Vietnamese American artist

Kenny Nguyen Quoctrung "Kenny" Nguyen (born 1990, Bên Tre Province, Vietnam) is a Vietnamese-American mixed-media artist and painter known for his process of creating dimensional artwork through layered, painted silk strips. His work explores themes of cultural identity, displacement, and integration, influenced by his personal journey from rural Vietnam to the United States.

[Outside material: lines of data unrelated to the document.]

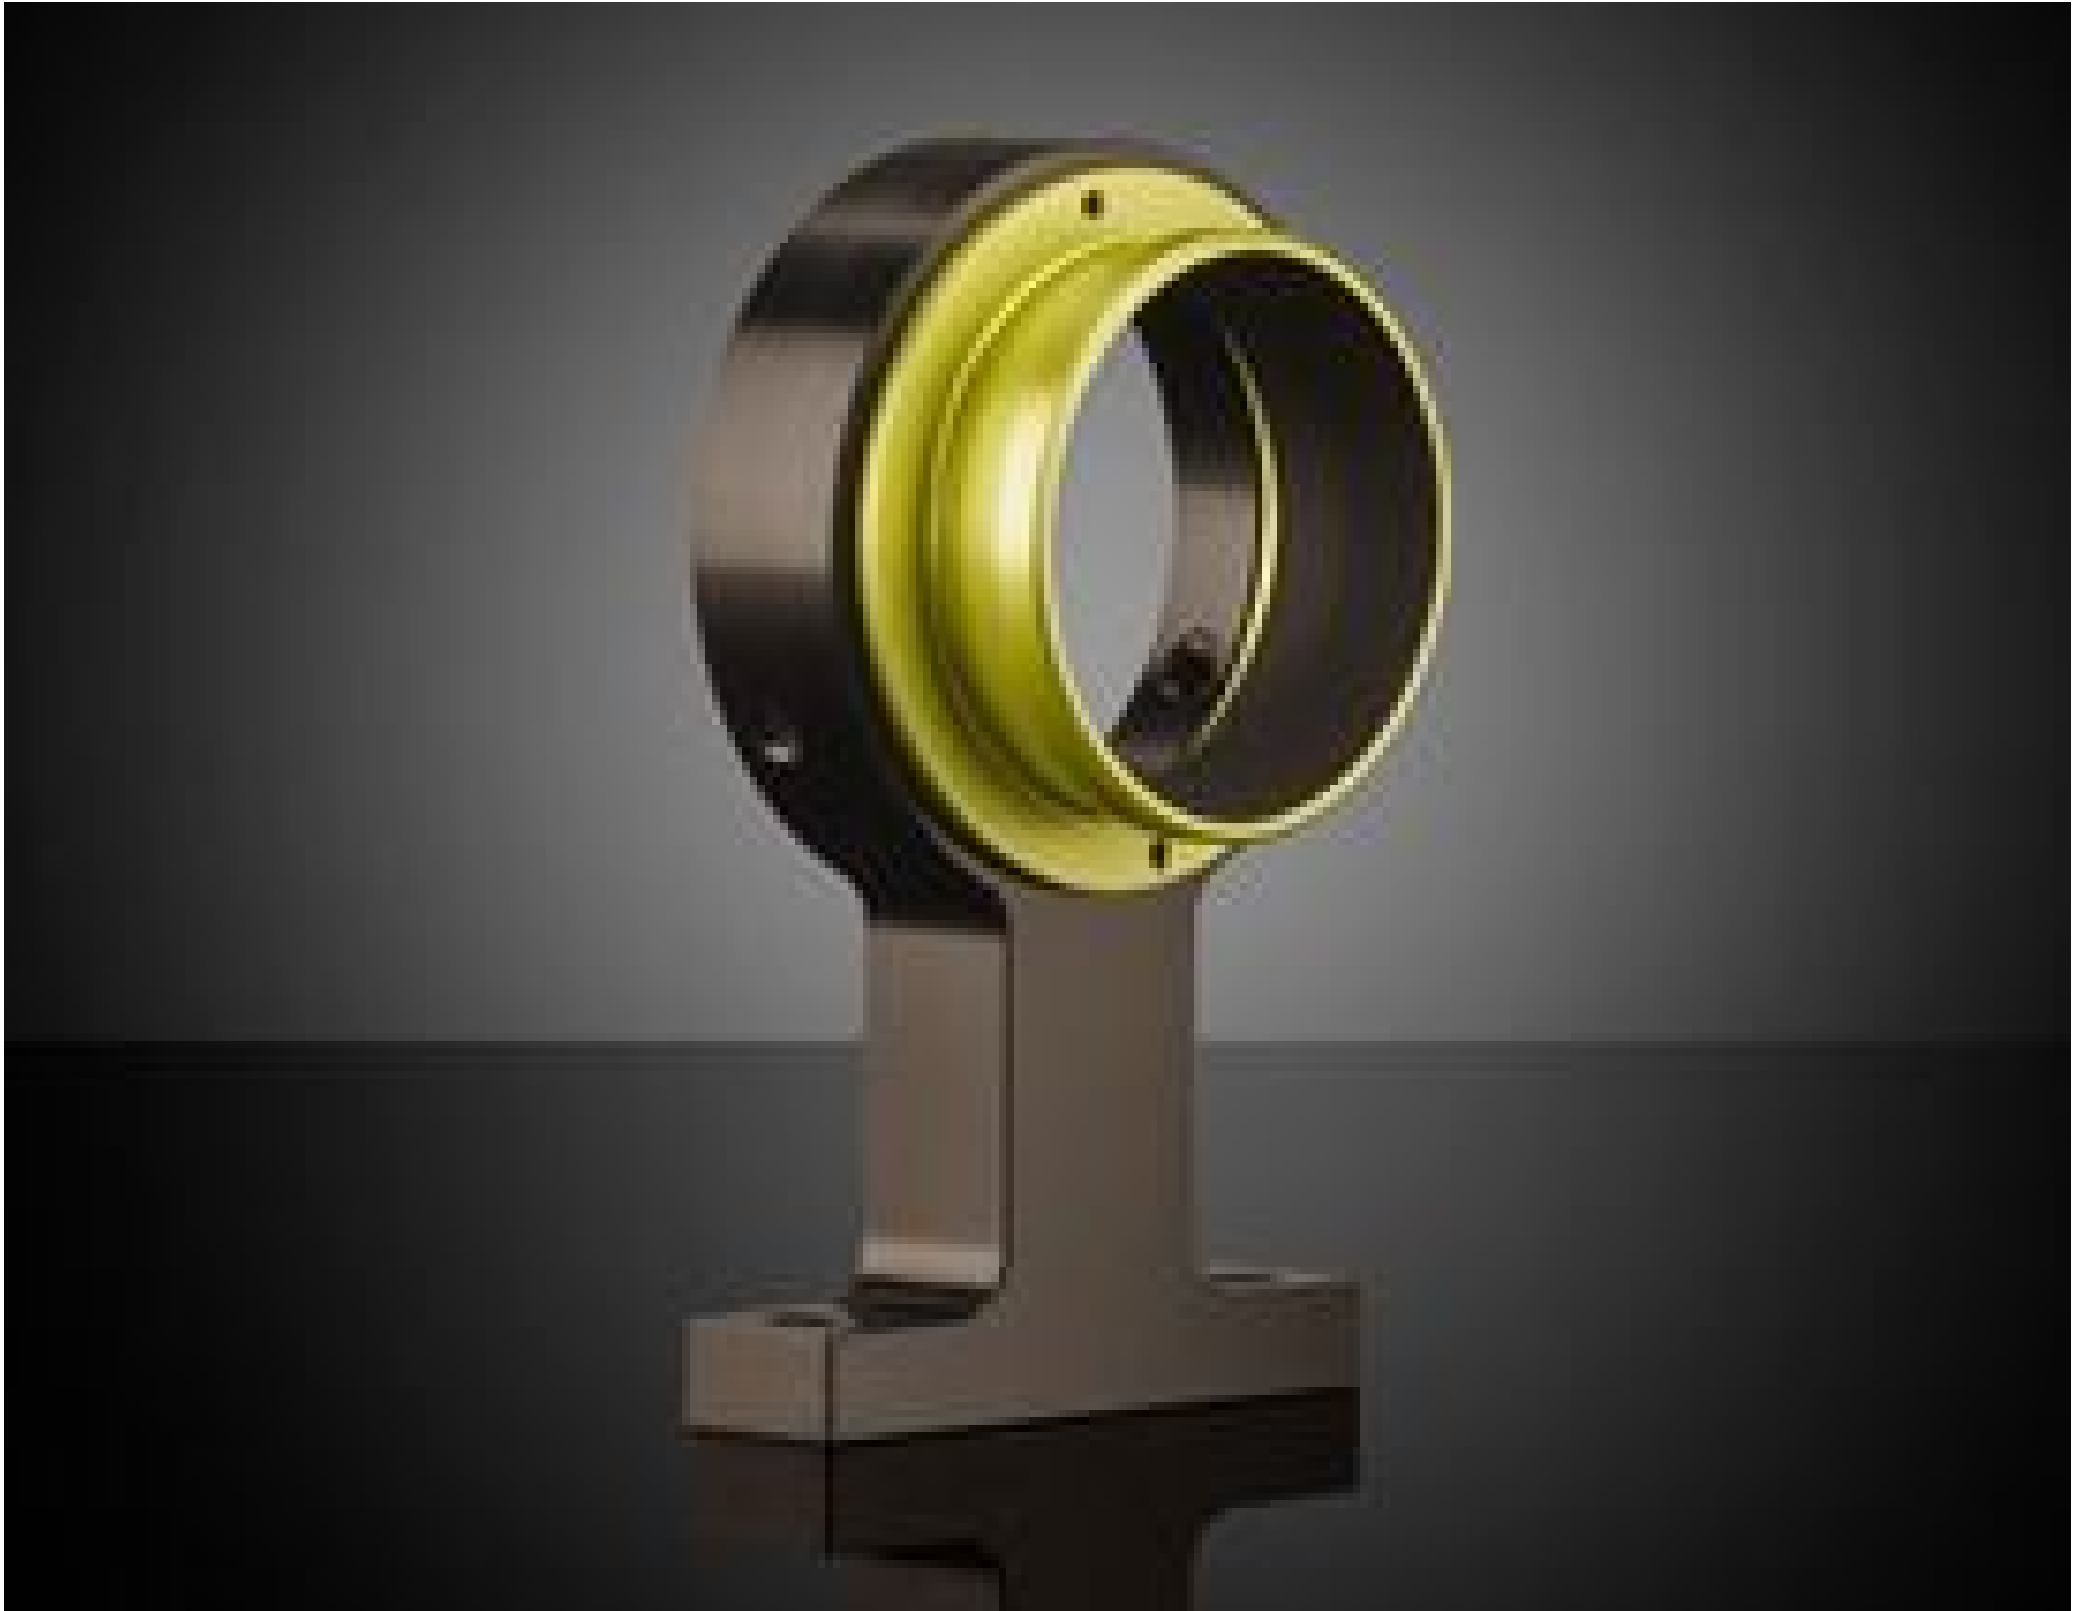

## In-Line Mount

In-Line Mount, #89-910

Stock **#89-910** **3 In Stock**

⊖ 1 ⊕ €119<sup>00</sup>

**ADD TO CART**

7X and 12.5X High Precision Zoom Lenses are modular lens systems that consist of a camera mount, camera tube, core module, lower function module, and lower lens. Added versatility is achieved by swapping out modules to change magnification, field of view, or the optical pathway. 7X and 12.5X High Precision Zoom Lenses are compatible with M26 x 36 TPI Mitutoyo-style objectives and with camera sensor coverages and mounts ranging from C-Mount to F-Mount and to 35mm DSLR cameras. 50/50 and 90° cubes are available to introduce right angle turns or to support multiple imaging paths. A motor controller for multi-axis zoom and focus functionality is also available and can be connected to USB, Ethernet, or RS-232/422/285 ports.

== Early life and education ==
Nguyen was raised on a coconut farm in the Mekong Delta region of southern Vietnam, where silk cultivation was part of his early surroundings. He initially pursued fashion design at the University of Architecture Ho Chi Minh City in 2007. In 2010, Nguyen and his family relocated to Charlotte, North Carolina. This transition led him to explore themes of reinvention in his art. He studied fine art and completed a BFA in Painting at the University of North Carolina at Charlotte in 2015.

== Artistic style and medium ==
Nguyen refers to his work as "deconstructed paintings"—three-dimensional textural pieces created by tearing silk into hundreds of strips, dipping them in acrylic paint, and attaching them onto raw canvas. He constructs undulating, sculptural surfaces that can be displayed flat or three-dimensionally. Silk plays a central role in Nguven's practice. He also uses lesser-known Vietnamese color names such as "màu lúa chín" (harvest-ripened rice field) or "khói lam chiều" (evening smoke blue) to inform his palette.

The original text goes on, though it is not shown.